• YOUR INSTRUCTIONS
Across all entries below, how many lines include "nelle"? Answer with the number alone.

• SUPPLIED ENTRIES

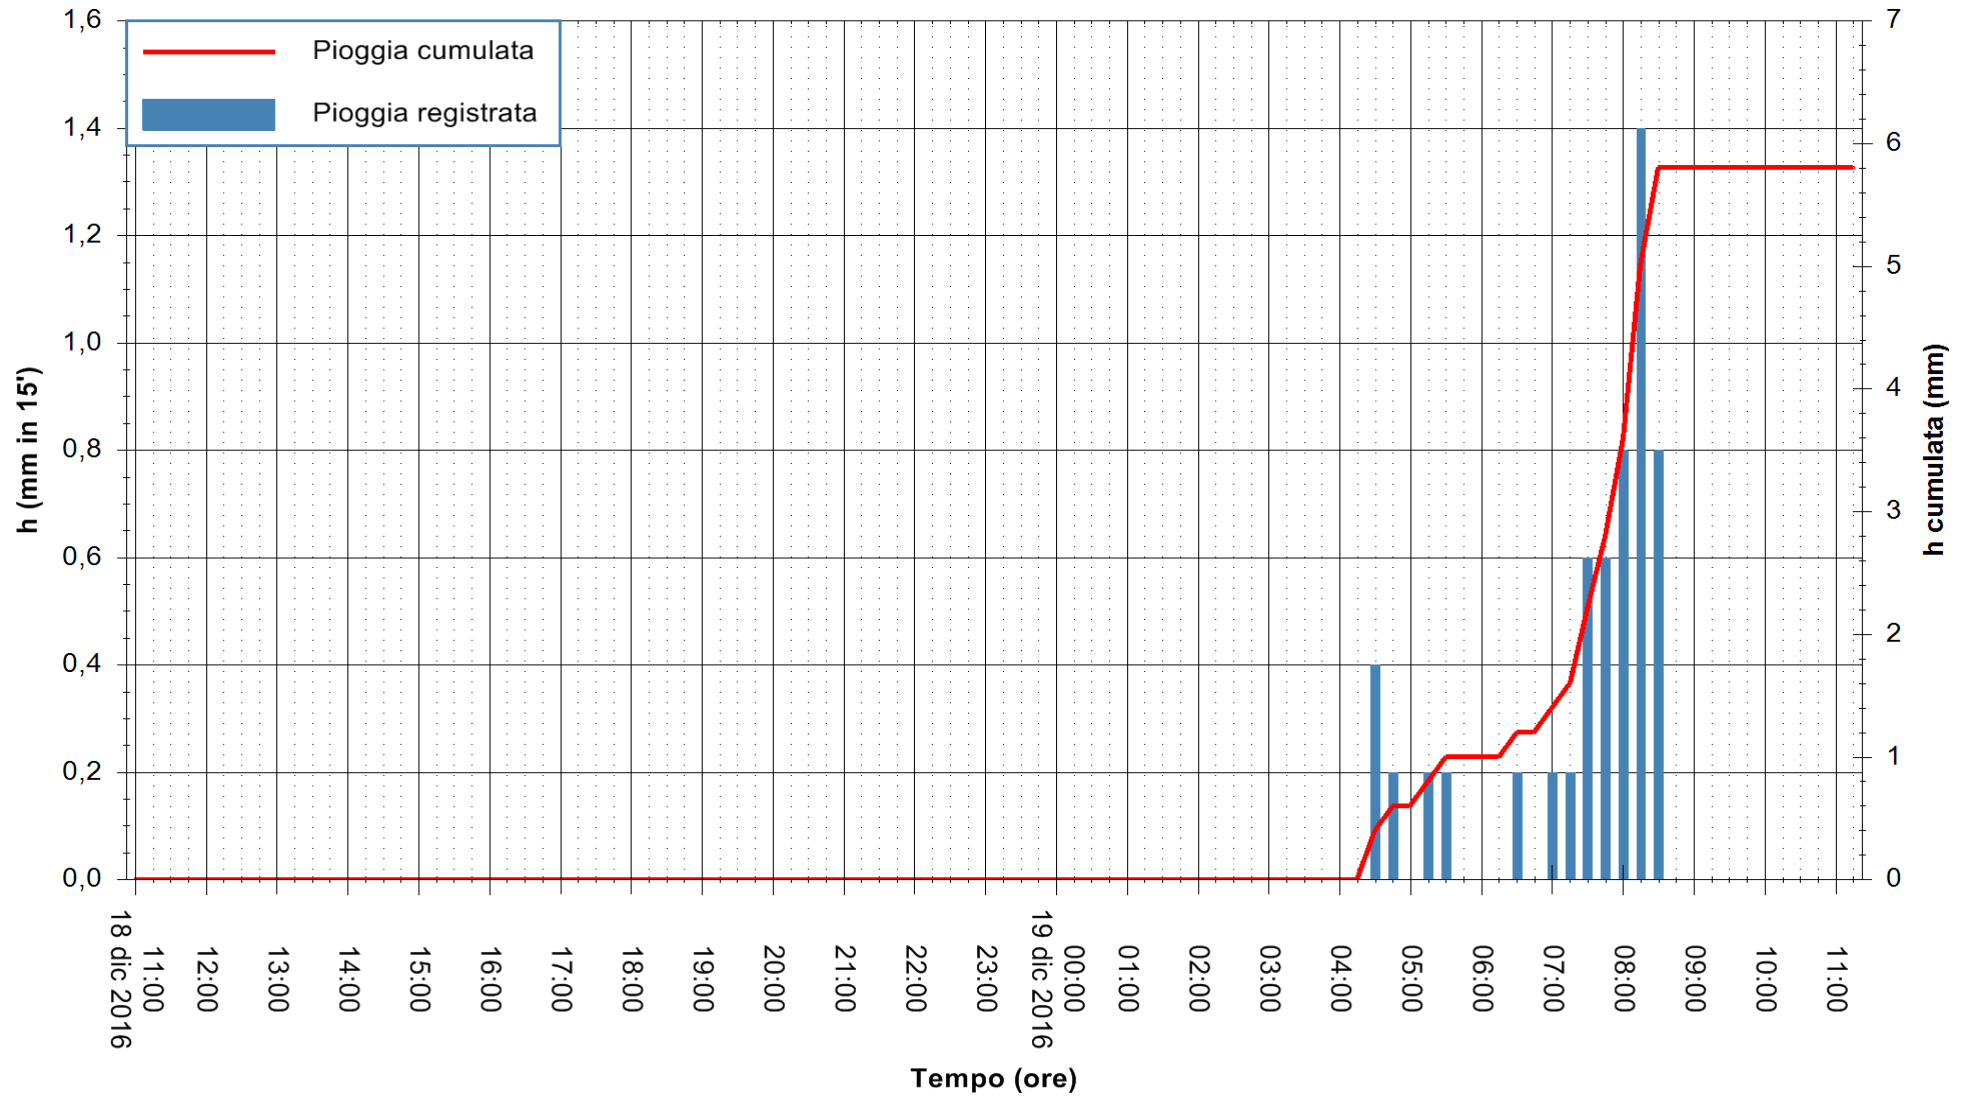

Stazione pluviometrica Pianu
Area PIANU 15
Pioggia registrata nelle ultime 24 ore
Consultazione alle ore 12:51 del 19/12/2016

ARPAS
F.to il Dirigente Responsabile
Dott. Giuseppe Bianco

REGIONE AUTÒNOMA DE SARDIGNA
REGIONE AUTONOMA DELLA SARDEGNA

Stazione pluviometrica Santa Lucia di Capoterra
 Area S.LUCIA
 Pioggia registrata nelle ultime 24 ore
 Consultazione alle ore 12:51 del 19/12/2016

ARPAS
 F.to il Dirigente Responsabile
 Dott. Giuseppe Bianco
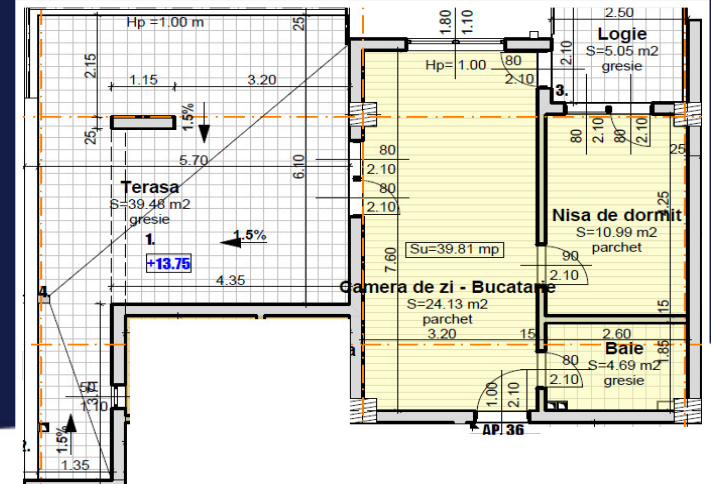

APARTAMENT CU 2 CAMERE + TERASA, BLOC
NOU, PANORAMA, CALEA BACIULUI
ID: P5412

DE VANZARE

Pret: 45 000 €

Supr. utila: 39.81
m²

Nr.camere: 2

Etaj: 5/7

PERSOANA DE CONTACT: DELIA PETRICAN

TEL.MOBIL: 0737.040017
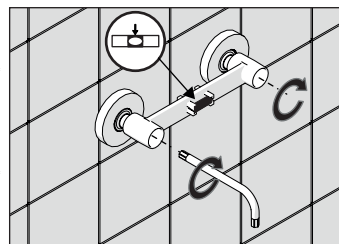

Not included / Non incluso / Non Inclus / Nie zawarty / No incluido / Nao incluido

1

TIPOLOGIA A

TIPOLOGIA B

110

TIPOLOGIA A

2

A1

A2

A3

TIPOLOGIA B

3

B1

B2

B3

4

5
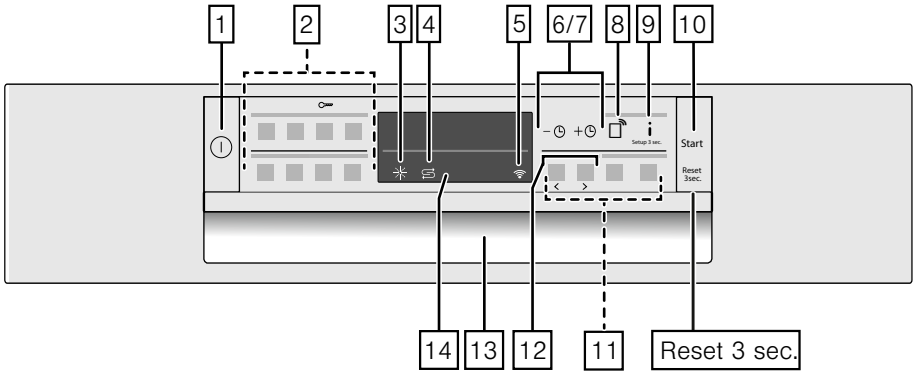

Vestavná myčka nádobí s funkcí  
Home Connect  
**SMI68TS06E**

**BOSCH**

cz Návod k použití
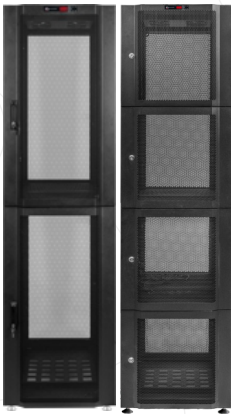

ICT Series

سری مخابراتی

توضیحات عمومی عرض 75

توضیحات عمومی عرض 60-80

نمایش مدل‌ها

--

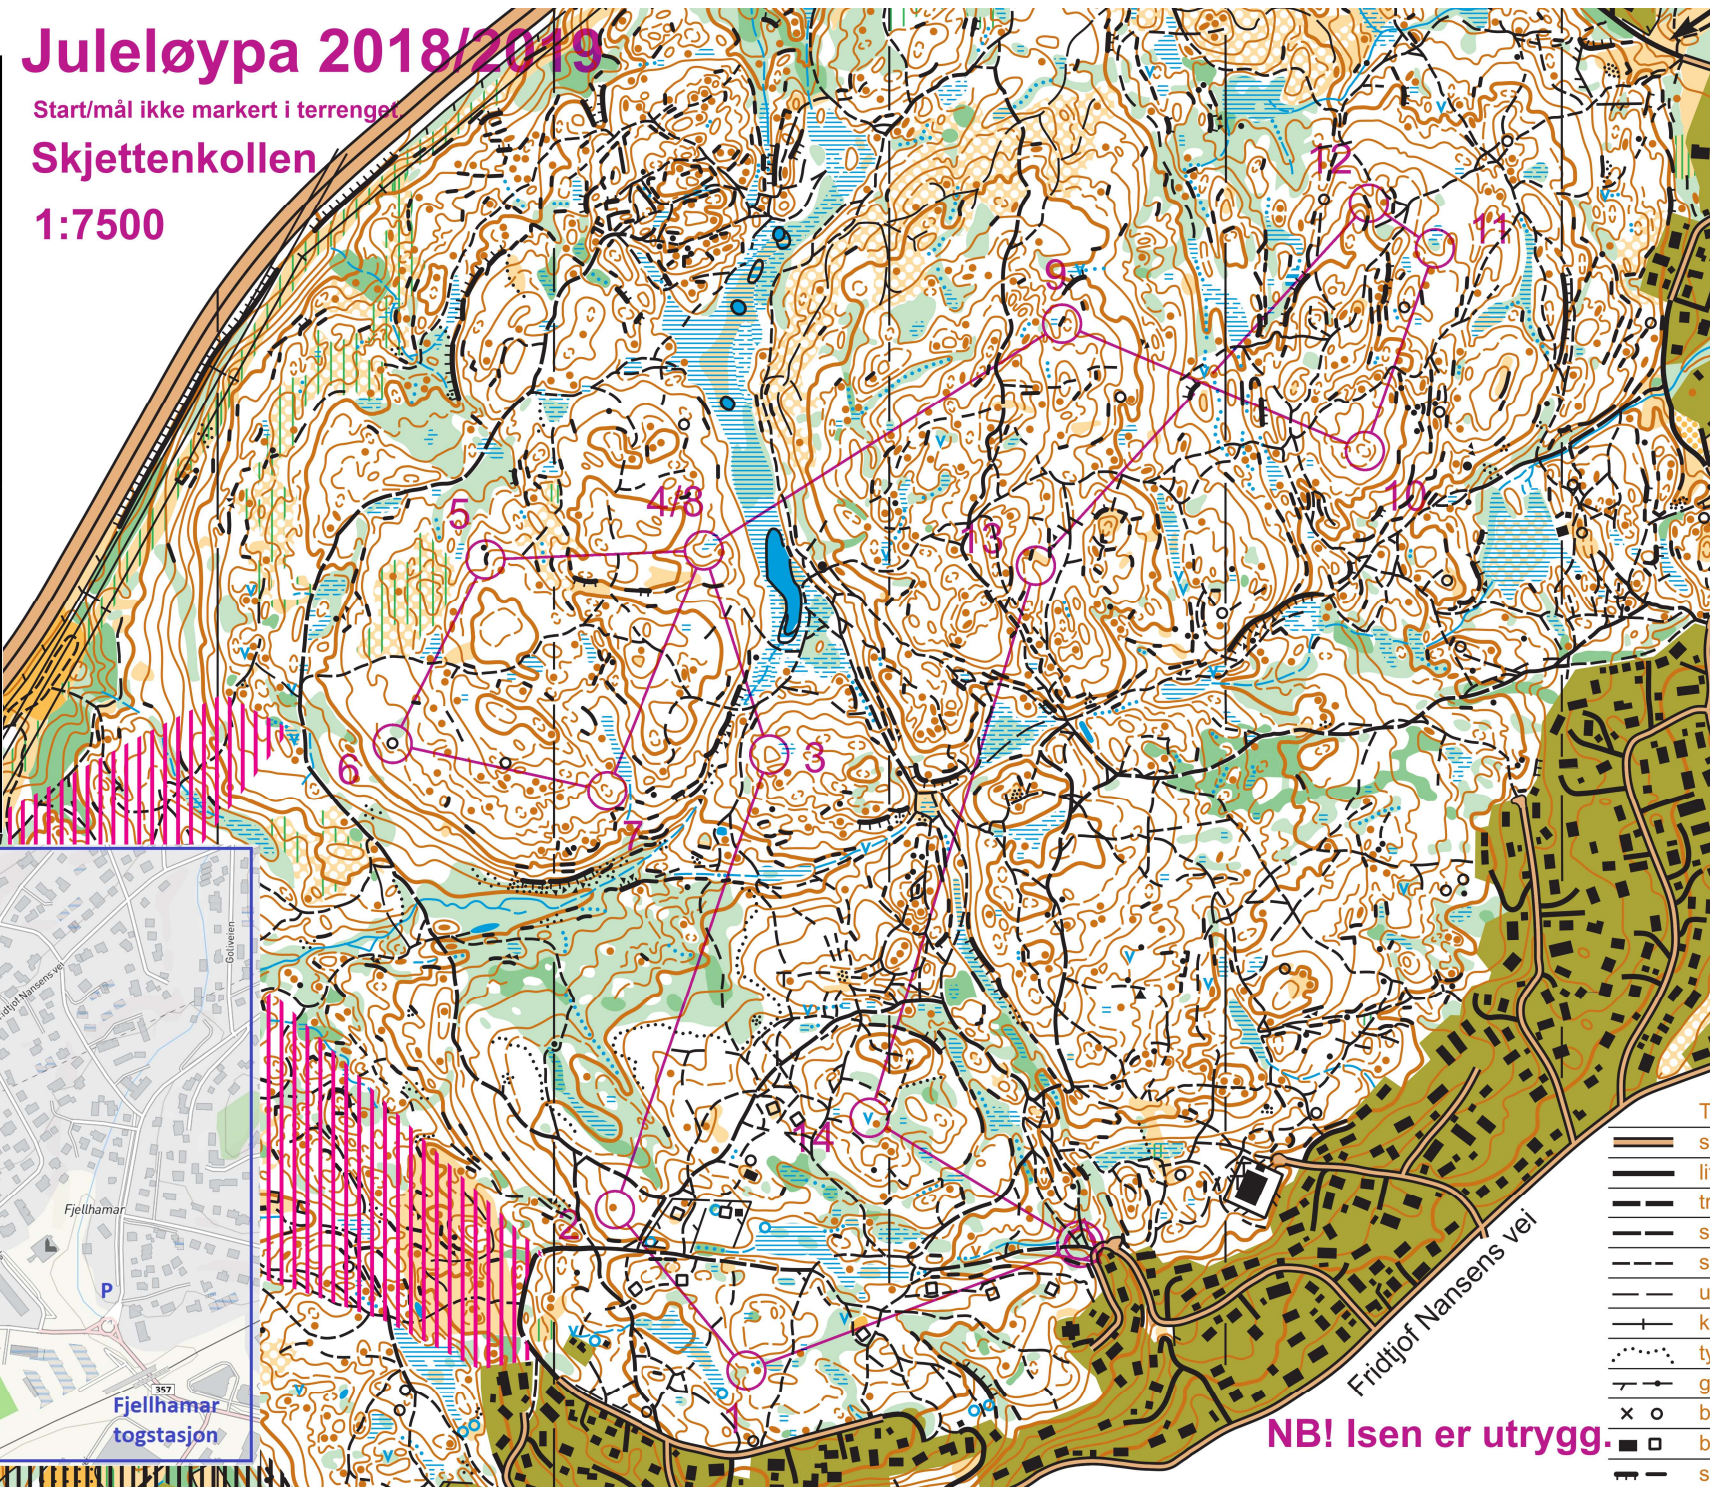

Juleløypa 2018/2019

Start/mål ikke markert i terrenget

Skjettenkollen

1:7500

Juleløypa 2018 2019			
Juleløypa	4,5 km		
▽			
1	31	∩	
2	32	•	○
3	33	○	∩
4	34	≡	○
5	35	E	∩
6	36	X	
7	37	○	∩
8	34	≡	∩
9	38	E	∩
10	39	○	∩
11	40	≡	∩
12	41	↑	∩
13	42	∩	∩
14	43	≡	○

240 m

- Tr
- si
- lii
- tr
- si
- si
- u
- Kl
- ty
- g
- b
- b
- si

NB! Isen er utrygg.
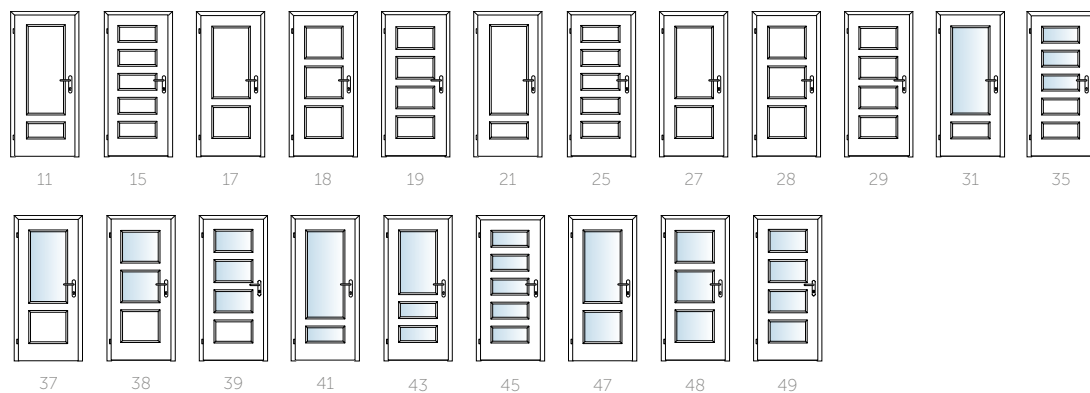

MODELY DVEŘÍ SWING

* * *

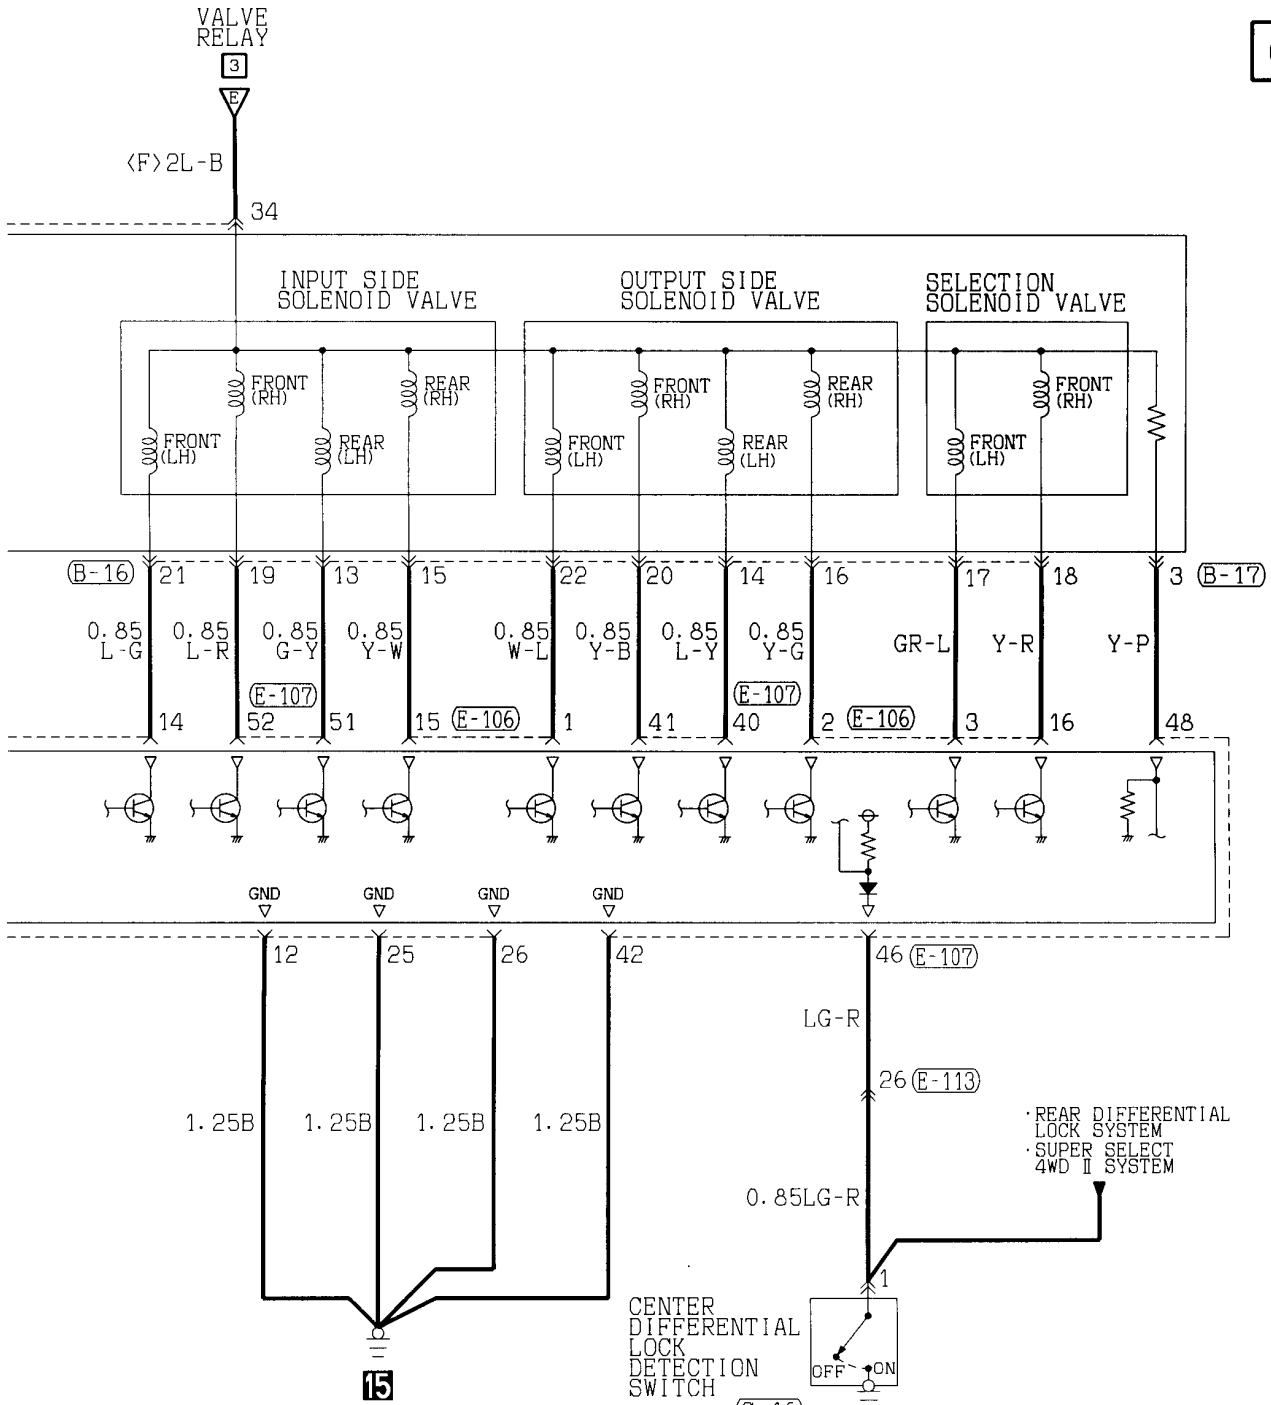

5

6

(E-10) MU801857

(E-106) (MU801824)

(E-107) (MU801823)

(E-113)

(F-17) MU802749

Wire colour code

• RESPONSE AREA
2